The final state of code should look like the following.

from numbers import Number
from typing import Dict


class Expr:
    pass


class BinOp(Expr):
    def __init__(self, left: Expr, right: Expr, operator: str):
        self.left = left
        self.right = right
        self.operator = operator

    def __str__(self) -> str:
        return f"({self.left}{self.operator}{self.right})"

    def eval(self, input: Dict[str, Number]) -> Number:
        left_eval = self.left.eval(input)
        right_eval = self.right.eval(input)
        return eval(f"{left_eval}{self.operator}{right_eval}")

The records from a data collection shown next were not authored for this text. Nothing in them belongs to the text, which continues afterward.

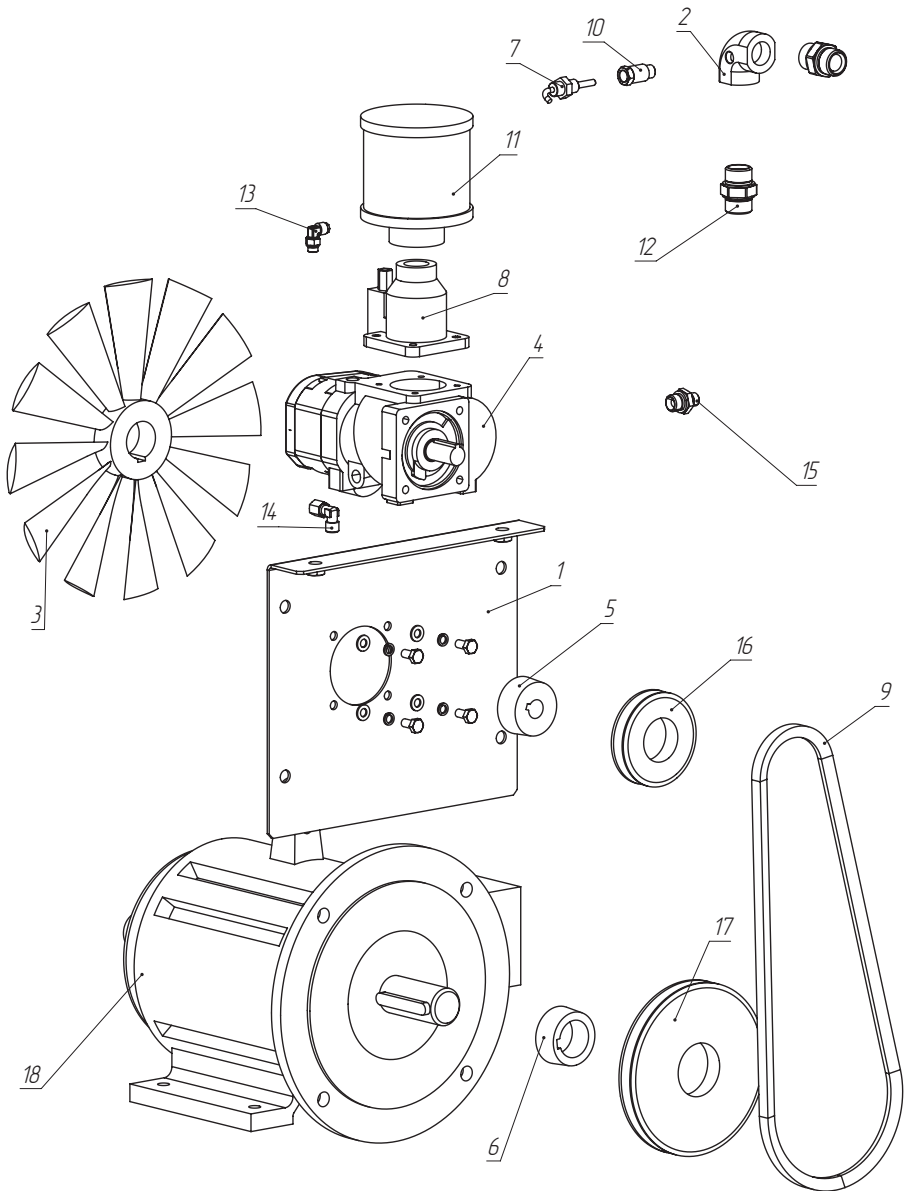

2.2 Mechanical components

Pos. No.	Artikeln No.	Description	Beschreibung	Описание	FA5,5-08	FA5,5-10	FA5,5-13
1	80600072	Console	Konsole	Кронштейн	1	1	1
2	51800003	Elbow	Winkelverschraubung	Угольник	1	1	1
3	21300001	Axial-impeller	Axial-Laufrad	Вентилятор	1	1	1
4	21900047	Screw air end	Schraubenblock	Винтовой блок	1	1	1
5	21130037	Taper bush	Taperbuchse	Втулка	1		
5	21130038	Taper bush	Taperbuchse	Втулка		1	1
6	21130025	Taper bush	Taperbuchse	Втулка	1	1	1
7	32010013	Sensor	Temperaturfühler	Датчик температуры	1	1	1
8	21500020	Intake valve	Saugventil	Клапан всасывающий	1	1	1
9	21650021	Belt	Schmalkeilriemen	Ремень	1	1	
9	21650023	Belt	Schmalkeilriemen	Ремень			1
10	51700003	Extension	Verlängerung	Удлинитель резьбы	1	1	1
11	21020007	Air filter	Luftfilter	Фильтр воздушный	1	1	1
12	51400027	Screw connection	Verschraubung	Фитинг	2	2	2
13	51100013	Screw connection	Verschraubung	Фитинг	1	1	1
14	51900050	Screw connection	Verschraubung	Фитинг	1	1	1
15	51400057	Screw connection	Verschraubung	Фитинг	1	1	1
16	21121019	Pulley	Keilriemenscheibe	Шкив	1		
16	21123017	Pulley	Keilriemenscheibe	Шкив		1	
16	21121001	Pulley	Keilriemenscheibe	Шкив			1
17	21123011	Pulley	Keilriemenscheibe	Шкив	1	1	1
18	31130020	Electric motor	Elektromotor	Электродвигатель	1	1	1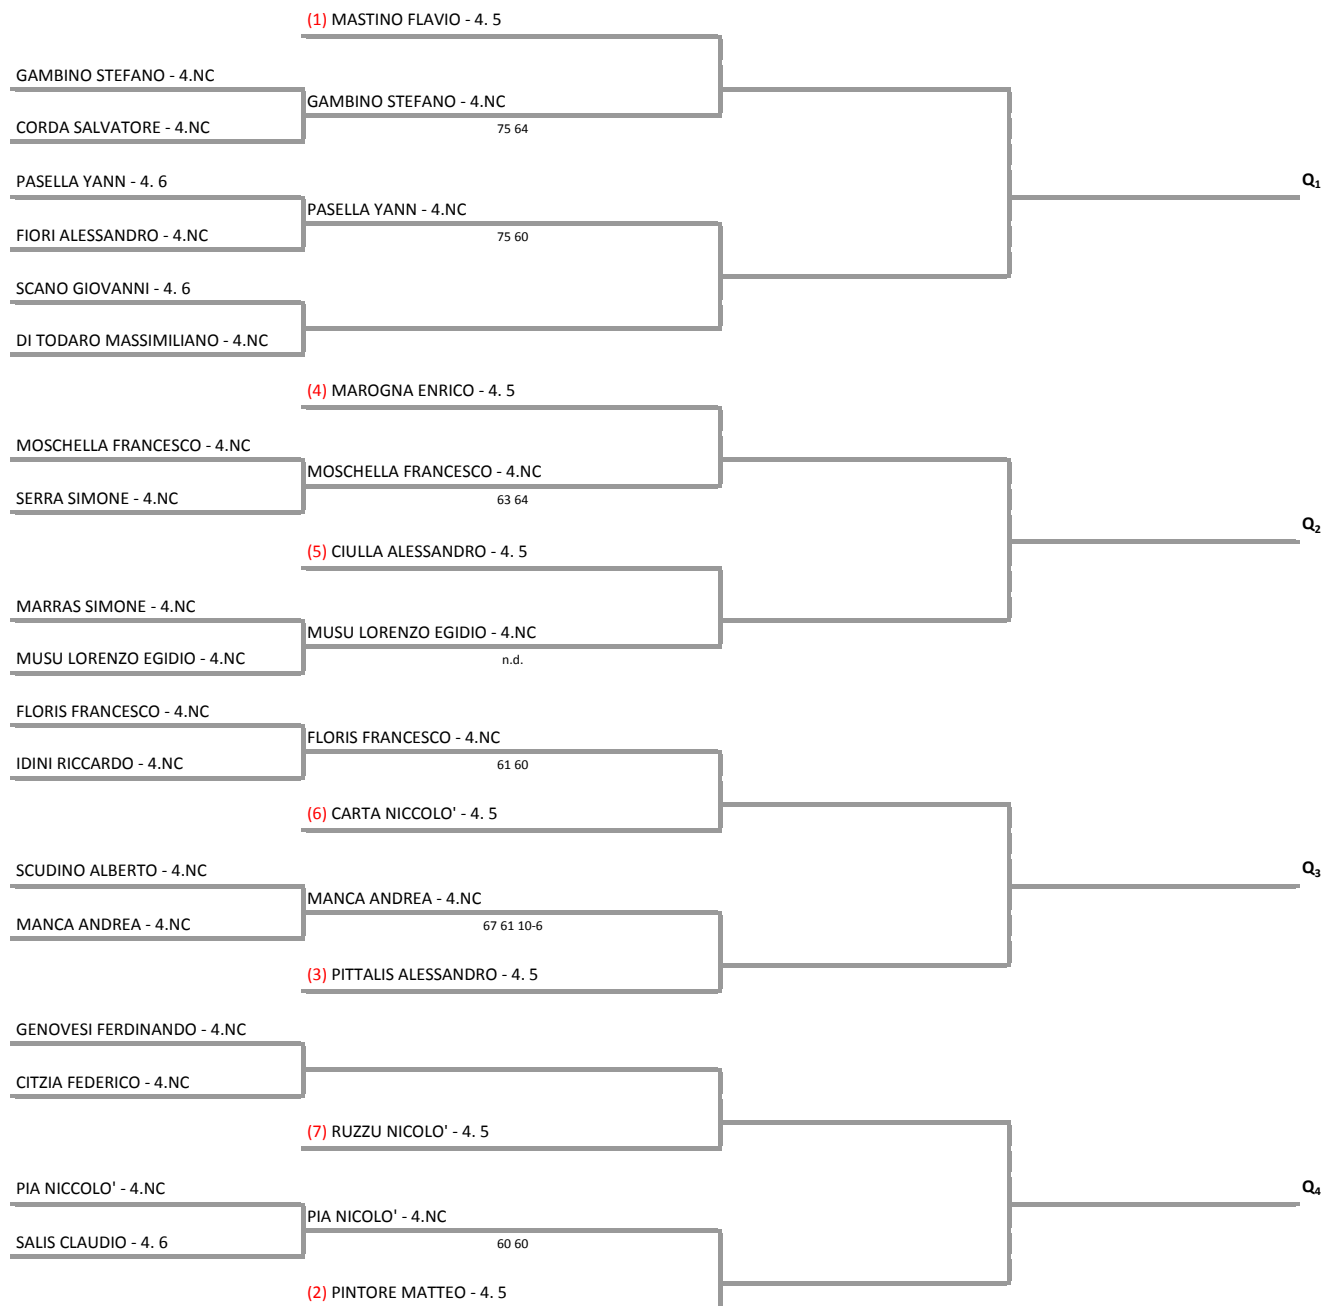

**TORRES TENNIS A.BOZZO A.S.D. - TORNEO OSSERVATO CIRCUITO JUNIOR
TORNEO OSSERVATO U16 MASCHILE - QUALIFICAZIONI**

20/02/2013 - 24/02/2013 iscritti n° 25

Tabellone compilato il 23/02/2013 alle ore 10:38 e subito esposto
Il Giudice Arbitro: GAT3 GABRIELE FAGGIANI

    def deriv(self, var: str) -> Expr:
        if self.operator == "+":
            return BinOp(self.left.deriv(var), self.right.deriv(var), "+")
        elif self.operator == "*":
            return BinOp(BinOp(self.left.deriv(var), self.right, "*"),
                         BinOp(self.left, self.right.deriv(var), "*"), "+")


class Const(Expr):
    def __init__(self, val: Number):
        self.val = val

    def __str__(self) -> str:
        return str(self.val)

    def eval(self, input: Dict[str, Number]) -> Number:
        return self.val

    def deriv(self, var: str) -> Expr:
        return Const(0)


class Var(Expr):
    def __init__(self, name: str):
        self.name = name

    def __str__(self) -> str:
        return self.name

    def eval(self, input: Dict[str, Number]) -> Number:
        return input[self.name]

    def deriv(self, var: str) -> Expr:
        if self.name == var:
            return Const(1)
        else:
            return Const(0)

And for our examples ...

# x2 + xy + y3
a = BinOp(Var("x"), Var("x"), "*")
b = BinOp(Var("x"), Var("y"), "*")
c = BinOp(Var("y"), BinOp(Var("y"), Var("y"), "*"), "*")

e5 = BinOp(a, BinOp(b, c, "+"), "+")
e5x = e5.deriv("x")
e5y = e5.deriv("y")

print(f"e5: {e5}")
print(f"e5x: {e5x}")
print(f"e5y: {e5y}")

input = {"x": 1, "y": 1}
print(f"e5.eval(input): {e5.eval(input)}")
print(f"e5x.eval(input): {e5x.eval(input)}")
print(f"e5y.eval(input): {e5y.eval(input)}")

# e5: ((x*x)+((x*y)+(y*(y*y))))
# e5x: (((1*x)+(x*1))+(((1*y)+(x*0))+((0*(y*y))+(y*((0*y)+(y*0))))))
# e5y: (((0*x)+(x*0))+(((0*y)+(x*1))+((1*(y*y))+(y*((1*y)+(y*1))))))
# e5.eval(input): 3
# e5x.eval(input): 3
# e5y.eval(input): 4

Now we can map input parameters to outputs to find local and absolute minimums and maximums in functions. But we could probably spare the number of parenthesis ... but we'll get to that next time.

These types of software patterns and data aggregations are some of the tools used in machine learning and neural nets in order to make recommendations on all kinds of things like image recognition, structure identification, natural language processing, optical character recognition, and more!